Entries taken from a collection:
● ● ● ● ●

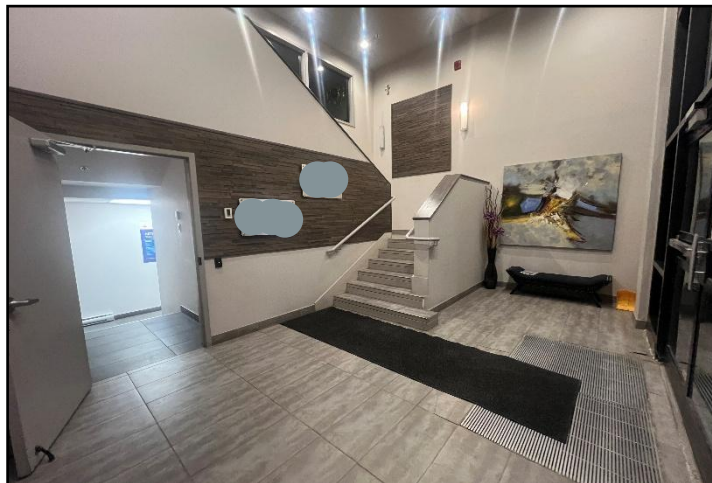

PHOTOS DU LOCAL
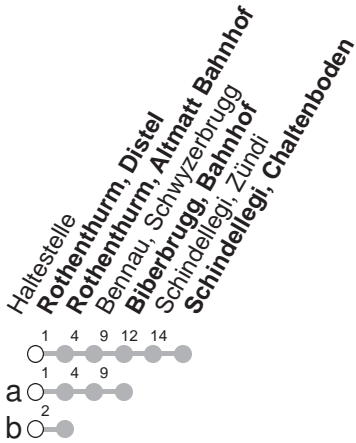

507

→ Schindellegi, Chaltenboden

Rothenthurm, Distel

	Montag - Freitag, sowie 2. Januar	Samstag	Sonntag, allg. Feiertage ohne 2. Januar	
6	05a 37	37	37a	6
7	22b 37	37	37a	7
8	37	37	37a	8
9	37	37	37a	9
10	37	37	37a	10
11	37	37	37a	11
12	37	37	37a	12
13	37	37	37a	13
14	37	37	37a	14
15	37	37	37a	15
16	37	37	37a	16
17	37	37	37a	17
18	37	37	37a	18
19	37	37	37a	19
20	22b	22b	22b	20
21	22b	22b	22b	21
22	22b	22b	22b	22
23	22b	22b	22b	23

Gültig ab 10.12.2023

a,b : Linienerlauf siehe oben

Am 25.12., 26.12., 01.01., Karfreitag, Ostermontag, Auffahrt, Pfingstmontag, 01.08. gilt der Sonntagsfahrplan.

öV-LIVE

● ● ● ● ●

Work order:
The records above must be repeated exactly, minus their pictures.

Finished task:
PHOTOS DU LOCAL

507

→ Schindellegi, Chaltenboden

Rothenthurm, Distel

	Montag - Freitag, sowie 2. Januar	Samstag	Sonntag, allg. Feiertage ohne 2. Januar	
6	05a 37	37	37a	6
7	22b 37	37	37a	7
8	37	37	37a	8
9	37	37	37a	9
10	37	37	37a	10
11	37	37	37a	11
12	37	37	37a	12
13	37	37	37a	13
14	37	37	37a	14
15	37	37	37a	15
16	37	37	37a	16
17	37	37	37a	17
18	37	37	37a	18
19	37	37	37a	19
20	22b	22b	22b	20
21	22b	22b	22b	21
22	22b	22b	22b	22
23	22b	22b	22b	23

Gültig ab 10.12.2023

a,b : Linienerlauf siehe oben

Am 25.12., 26.12., 01.01., Karfreitag, Ostermontag, Auffahrt, Pfingstmontag, 01.08. gilt der Sonntagsfahrplan.

öV-LIVE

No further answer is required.